Don't You Fake It is the debut studio album by American rock band the Red Jumpsuit Apparatus. The title is taken from a line in the opening track, "In Fate's Hands". The album garnered mixed reviews from critics. Don't You Fake It debuted at number 25 on the Billboard 200 and spawned three singles: "Face Down", "False Pretense" and "Your Guardian Angel". To promote the record, the band toured across North America with appearances at music festivals.

Recording
In January 2006, AbsolutePunk reported that the band was in the process of recording their debut album.

Release
On March 4, 2006, "Face Down" was posted on the Red Jumpsuit Apparatus' Myspace profile. A music video was released for the song three days later. In May 2006, they appeared at The Bamboozle festival. Don't You Fake It was made available for streaming via AOL on July 17, 2006, before being released a day later. They went on a headlining US tour in August and September 2006, where they were supported by Monty Are I, and then appeared at the Bamboozle Left festival. On January 26, 2007, the music video for "False Pretense" was posted online. In February and March 2007, the band headlined that year's Take Action Tour. "False Pretense" impacted radio on March 13, 2007. The album was re-released on March 20. Following this, they appeared at The Bamboozle festival. From late June to late August, the band went on the 2007 edition of Warped Tour. "Your Guardian Angel" was released to radio on August 7. In October and November, the band went on a US tour with Amber Pacific and New Years Day. In April 2008, the band went on an acoustic US tour, dubbed Unplugged and Unaffected.
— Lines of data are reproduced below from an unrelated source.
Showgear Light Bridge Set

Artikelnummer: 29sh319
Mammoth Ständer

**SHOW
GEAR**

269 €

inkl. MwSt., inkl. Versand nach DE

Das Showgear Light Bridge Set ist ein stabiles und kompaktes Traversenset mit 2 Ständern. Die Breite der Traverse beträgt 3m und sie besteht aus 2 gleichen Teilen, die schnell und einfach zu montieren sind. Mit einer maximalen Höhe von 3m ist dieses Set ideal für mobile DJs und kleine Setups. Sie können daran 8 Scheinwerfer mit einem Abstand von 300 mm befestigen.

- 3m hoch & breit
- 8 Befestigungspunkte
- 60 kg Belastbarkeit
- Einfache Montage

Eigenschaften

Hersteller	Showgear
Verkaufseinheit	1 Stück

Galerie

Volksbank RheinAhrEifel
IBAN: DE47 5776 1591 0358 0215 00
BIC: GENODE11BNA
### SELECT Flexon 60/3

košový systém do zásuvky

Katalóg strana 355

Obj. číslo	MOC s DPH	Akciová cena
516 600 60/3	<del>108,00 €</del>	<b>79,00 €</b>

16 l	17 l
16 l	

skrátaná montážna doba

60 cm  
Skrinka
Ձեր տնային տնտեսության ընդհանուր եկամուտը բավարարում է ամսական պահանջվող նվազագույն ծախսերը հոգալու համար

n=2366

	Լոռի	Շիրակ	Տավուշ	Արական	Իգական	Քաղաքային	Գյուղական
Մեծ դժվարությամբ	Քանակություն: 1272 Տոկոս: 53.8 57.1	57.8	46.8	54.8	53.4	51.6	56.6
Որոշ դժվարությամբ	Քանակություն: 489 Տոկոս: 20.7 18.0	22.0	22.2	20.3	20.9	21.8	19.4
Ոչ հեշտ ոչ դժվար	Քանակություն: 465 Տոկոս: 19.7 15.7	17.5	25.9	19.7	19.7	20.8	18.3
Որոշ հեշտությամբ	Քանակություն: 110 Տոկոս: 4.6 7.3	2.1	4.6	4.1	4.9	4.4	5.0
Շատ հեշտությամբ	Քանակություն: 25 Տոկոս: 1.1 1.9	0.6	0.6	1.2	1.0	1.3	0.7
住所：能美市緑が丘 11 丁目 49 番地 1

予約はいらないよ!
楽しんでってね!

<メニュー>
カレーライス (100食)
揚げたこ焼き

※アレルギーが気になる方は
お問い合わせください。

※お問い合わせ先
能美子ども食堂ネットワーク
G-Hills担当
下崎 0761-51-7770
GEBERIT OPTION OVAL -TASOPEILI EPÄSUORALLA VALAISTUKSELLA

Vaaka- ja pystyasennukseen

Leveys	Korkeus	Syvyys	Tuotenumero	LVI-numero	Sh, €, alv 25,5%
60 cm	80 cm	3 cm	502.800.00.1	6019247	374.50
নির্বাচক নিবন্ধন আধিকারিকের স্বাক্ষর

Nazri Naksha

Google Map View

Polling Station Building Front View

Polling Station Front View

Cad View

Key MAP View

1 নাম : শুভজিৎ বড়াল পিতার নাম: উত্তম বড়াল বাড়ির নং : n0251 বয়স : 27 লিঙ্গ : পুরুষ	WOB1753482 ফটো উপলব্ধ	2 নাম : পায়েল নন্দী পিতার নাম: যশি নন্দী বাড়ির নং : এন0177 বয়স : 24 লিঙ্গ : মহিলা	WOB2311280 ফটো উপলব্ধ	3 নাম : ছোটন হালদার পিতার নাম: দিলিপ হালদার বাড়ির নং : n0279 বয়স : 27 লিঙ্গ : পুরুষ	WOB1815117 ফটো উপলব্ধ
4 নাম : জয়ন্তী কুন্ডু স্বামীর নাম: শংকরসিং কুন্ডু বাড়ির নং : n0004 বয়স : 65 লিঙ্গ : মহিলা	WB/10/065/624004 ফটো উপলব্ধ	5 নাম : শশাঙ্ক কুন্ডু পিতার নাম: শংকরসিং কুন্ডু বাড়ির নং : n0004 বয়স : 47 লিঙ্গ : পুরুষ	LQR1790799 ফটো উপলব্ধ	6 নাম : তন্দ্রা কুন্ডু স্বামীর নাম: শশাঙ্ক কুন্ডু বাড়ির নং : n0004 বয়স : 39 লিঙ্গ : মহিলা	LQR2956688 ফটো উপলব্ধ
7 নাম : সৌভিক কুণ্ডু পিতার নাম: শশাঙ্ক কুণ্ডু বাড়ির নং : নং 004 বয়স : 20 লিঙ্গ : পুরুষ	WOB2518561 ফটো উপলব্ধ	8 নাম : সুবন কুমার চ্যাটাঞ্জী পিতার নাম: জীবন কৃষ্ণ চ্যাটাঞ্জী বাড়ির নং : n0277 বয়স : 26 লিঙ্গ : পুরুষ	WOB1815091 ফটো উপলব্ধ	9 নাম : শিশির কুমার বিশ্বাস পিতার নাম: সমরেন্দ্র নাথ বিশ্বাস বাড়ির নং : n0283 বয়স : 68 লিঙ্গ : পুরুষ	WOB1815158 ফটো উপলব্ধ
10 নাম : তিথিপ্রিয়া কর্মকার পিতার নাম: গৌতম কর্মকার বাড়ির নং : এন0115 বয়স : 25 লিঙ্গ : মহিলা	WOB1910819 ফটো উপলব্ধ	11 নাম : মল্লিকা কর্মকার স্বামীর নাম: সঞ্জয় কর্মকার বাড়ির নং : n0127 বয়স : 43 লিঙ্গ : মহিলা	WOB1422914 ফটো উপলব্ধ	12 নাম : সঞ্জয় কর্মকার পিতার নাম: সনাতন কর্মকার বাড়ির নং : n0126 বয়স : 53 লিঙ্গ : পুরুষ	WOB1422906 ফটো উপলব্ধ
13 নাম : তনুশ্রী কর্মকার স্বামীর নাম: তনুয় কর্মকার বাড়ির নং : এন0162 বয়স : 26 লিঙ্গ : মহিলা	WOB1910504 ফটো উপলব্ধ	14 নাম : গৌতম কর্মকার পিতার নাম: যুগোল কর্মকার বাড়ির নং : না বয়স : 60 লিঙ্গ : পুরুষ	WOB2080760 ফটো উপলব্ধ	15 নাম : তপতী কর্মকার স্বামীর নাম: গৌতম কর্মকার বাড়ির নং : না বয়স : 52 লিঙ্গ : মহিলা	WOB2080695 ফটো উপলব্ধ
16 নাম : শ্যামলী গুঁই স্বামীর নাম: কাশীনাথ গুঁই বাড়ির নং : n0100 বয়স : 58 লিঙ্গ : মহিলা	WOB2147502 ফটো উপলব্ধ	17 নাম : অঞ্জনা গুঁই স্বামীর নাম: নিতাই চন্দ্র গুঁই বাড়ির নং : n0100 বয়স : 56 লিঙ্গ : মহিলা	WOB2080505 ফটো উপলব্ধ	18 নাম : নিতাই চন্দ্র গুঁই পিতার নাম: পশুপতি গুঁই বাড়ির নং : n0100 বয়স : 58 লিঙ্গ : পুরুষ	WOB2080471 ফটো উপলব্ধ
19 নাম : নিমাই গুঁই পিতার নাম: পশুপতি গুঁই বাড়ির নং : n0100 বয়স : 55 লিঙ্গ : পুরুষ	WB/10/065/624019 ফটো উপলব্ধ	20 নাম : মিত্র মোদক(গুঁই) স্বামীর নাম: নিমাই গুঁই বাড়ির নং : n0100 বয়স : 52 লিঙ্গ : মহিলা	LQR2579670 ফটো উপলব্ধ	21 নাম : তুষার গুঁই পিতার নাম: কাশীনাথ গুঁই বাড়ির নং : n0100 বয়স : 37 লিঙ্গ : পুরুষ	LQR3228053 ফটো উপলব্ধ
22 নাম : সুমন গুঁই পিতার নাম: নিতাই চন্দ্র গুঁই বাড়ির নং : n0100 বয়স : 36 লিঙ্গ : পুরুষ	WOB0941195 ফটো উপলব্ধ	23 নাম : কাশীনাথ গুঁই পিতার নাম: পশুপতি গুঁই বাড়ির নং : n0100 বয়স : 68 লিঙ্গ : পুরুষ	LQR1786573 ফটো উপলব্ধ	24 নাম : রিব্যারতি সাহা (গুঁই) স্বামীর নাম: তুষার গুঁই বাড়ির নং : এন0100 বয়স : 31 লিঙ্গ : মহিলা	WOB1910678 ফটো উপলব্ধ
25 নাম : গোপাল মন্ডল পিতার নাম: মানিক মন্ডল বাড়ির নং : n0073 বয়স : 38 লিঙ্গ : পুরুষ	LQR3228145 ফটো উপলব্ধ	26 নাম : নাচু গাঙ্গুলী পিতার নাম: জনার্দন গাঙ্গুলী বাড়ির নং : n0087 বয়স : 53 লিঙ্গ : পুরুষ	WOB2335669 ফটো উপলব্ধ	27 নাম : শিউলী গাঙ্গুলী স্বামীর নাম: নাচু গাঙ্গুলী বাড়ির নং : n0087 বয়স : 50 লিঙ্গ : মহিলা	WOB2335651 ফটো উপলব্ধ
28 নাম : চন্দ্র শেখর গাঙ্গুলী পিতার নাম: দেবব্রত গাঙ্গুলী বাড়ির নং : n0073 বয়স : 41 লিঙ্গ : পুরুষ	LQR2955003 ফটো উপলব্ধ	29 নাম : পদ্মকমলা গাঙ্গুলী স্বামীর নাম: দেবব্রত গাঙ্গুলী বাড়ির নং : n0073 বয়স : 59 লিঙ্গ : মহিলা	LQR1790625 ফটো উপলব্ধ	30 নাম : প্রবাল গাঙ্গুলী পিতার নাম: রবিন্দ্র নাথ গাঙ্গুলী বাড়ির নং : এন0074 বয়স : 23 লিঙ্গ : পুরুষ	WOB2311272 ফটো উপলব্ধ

In early May, the band appeared at the 2008 edition of the Bamboozle festival.

Remaster
In 2014, the band released "Don't You Fake It (Alliance Edition)", a remaster of the album.  The remaster, as told by the band, was specifically done for an iTunes release, but is also available on other platforms.  The tracklisting is mostly identical to the original album, but removes "Damn Regret", and adds "Disconnected" from the Deluxe Edition as well as "The Grimm Goodbye" from certain releases of the original album.

Reception

Critical response

A writer for Alternative Addiction called the band's overall musicianship "a mouth-watering hybrid of the best traits associated with bands like Underoath, Story of the Year and The All American Rejects", concluding that "TRJA may lack innovation, but push all the right buttons in terms of merging popular rock genres." Corey Apar from AllMusic praised the single "Face Down" as a highlight and commended both "Cat and Mouse" and "Your Guardian Angel" for breaking up the "steadfast urgency" throughout the album, but felt the overall sound was too reminiscent of contemporaries like Jimmy Eat World and The Used, concluding that "it's all not quite enough to wash out the generic taste left in one's mouth by the end. The band may not be faking anything, but even earnestness isn't always enough." IGNs Chad Grischow said that there was "more promise than substance on their debut", giving praise to Ronnie Winter's vocal performance and the tracks for containing "a powerful rock punch with hard-crashing guitar riffs and driving beats supporting solid emo hooks", but said that it "fits a little too comfortably among the hundreds of other pop-punk and emo releases of the summer. It is certainly not the worst of them, but it is hardly the best either." He concluded that "in the overcrowded state of the genre their debut fails to make a splash."

Commercial performance
The album debuted at number 25 on the Billboard 200 and moved 25,000 copies in its first week. By August 2006, the album had sold over 100,000 copies, and has sold 852,000 copies as of August 2008. It was eventually certified Platinum in May 2016.

Track listing

Tracks 1, 4, 6, 10, 11, 12 and 14 originally appear on The Red Jumpsuit Apparatus.
Tracks 1 and 11 have alternate names.
In Fates Hands alternate name is Ass Shaker.
Your Guardian Angel alternate name is The Acoustic Song.

DVD
Making the Album – Behind the Scenes
"Face Down" (music video)
"False Pretense" (music video)
Behind the Scenes – "False Pretense"
On the Road with RJA

Personnel
Credits adapted from the liner notes of Don't You Fake It.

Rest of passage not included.